EL MONASTERIO EN LA VIDA ESPAÑOLA DE LA EDAD MEDIA

Fray Justo PÉREZ DE URBEL O.S.B

Nacidos de una semilla derramada en la tierra por el mismo Cristo, los monjes aparecen en el mundo romano desde principios del siglo IV como un desenvolvimiento natural y espontáneo de la vida de perfección practicada en la primitiva Iglesia. La asce­sis organizada, socializada y reflexiva surge de la ascesis individual, como la espiga del tallo. Era una evolución vital, una continuación necesaria, el germen evangélico en toda su plenitud, el ascetismo apostólico orientado hacia una vida común y encauzado por un esfuerzo metódico. El mundo antiguo caía deshecho por su pro­pia corrupción; el paganismo se infiltraba en el cuerpo de la Iglesia. Ante semejante espectáculo, los hombres más animosos huyen, salen de aquel ambiente putrefacto y buscan en la soledad una garantía de inde­pendencia espiritual.

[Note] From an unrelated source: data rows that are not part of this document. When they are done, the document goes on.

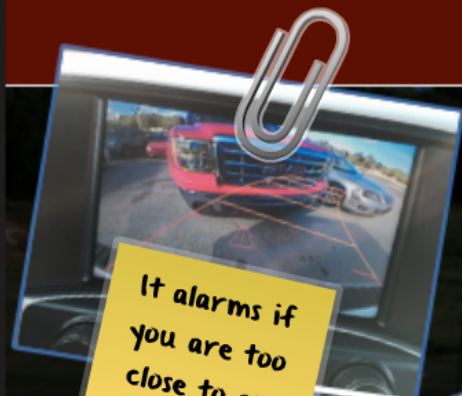

JSW Shoppe - A Unique Distribution Model for Branded Steel

TheCaseSolutions.com

JSW Shoppe - A Unique Distribution Model for Branded Steel

TheCaseSolutions.com

It alarms if you are too close to an object

RISK
Thecasesolutions.com
So people might think "people can track and see where I am" - well there are no worries! my "well security is not at stake with this innovation. The cars do the processing manually and because of this know one can hack the camera or track you."

Located in the back

PRO
Thecasesolutions.com
A big pro is that it helps inexperienced drivers with only a permit can practice parallel parking, and backing up.

Thecasesolutions.com
Robert, John, "What you need to know About Backup Camera" May 2010, "wonder.com/articles/backup-camera-20100509.html"

CON
Thecasesolutions.com
But the cons of this tech is going to affect drivers in some way such as creating a false sense of security and does not prevent front over which is when a vehicle runs over something or someone such as a small child

Are available in these companies modals

PRO

Thecasesolutions.com

A big pro is that it helps inexperienced drivers with only a permit can practice parallel parking, and backing up.

CON

Thecasesolutions.com

But the cons of this tech is going to affect drivers in some way such as creating a false sense of security and does not prevent front over which is when a vehicle runs over something or someone such as a small child

A primera vista esa actitud parece una protesta, una negación. En realidad, es una afir­mación rotunda, y aquí está el secreto de la fascinación que ejercía en las almas. Ni deserción ni despecho, sino tendencia hacia Dios. La fuga del monje era un grito heroico de amor a Cristo, como antes la constancia del mártir. La vida monástica reemplazaría al martirio, sería el nuevo género de heroi­cidad, la aceptación magnánima del combate, la pro­clamación decidida delideal puro, por el cual había que sacrificar la vida, no en una destrucción prematura de la personalidad, sino en el desarrollo maravillosamente activo de las más nobles facultades, en una lucha más difícil que la de los atletas del circo, la lucha contra el egoísmo agazapado en los entresijos de la naturaleza, contra el demonio que se esconde en los instintos de la carne y contra las manifestaciones diabólicas en medio del mundo. A esta victoria se lanza el monje infla­mado del Espíritu, armado de los divinos carismas, presa de una celeste locura y de un prodigioso entu­siasmo. El heroísmo y el entusiasmo van siempre juntos.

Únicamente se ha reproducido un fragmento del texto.